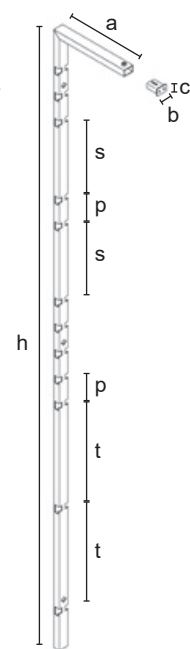

9413

"L" wall upright for continuity, h 2400 mm, with double slots reduced to the minimum, prepared to add up to 2 wall fastenings art.9404.

Tube 40x25x2 mm.

C 9413	
	h = 2400 a = 300 p = 100 b = 42 s = 300 c = 27 t = 400
	4,60
	2/pack
	CR - VS | V
€	64,65 | 58,75

--------------------------------------------------

__INSTRUCTIONS FOR THE TASK__.
Lines from the one containing "Tube 40x25x2 mm." through the end of the data above must be written out exactly, and no other lines are needed.

__REPLY__.
Tube 40x25x2 mm.

C 9413	
	h = 2400 a = 300 p = 100 b = 42 s = 300 c = 27 t = 400
	4,60
	2/pack
	CR - VS | V
€	64,65 | 58,75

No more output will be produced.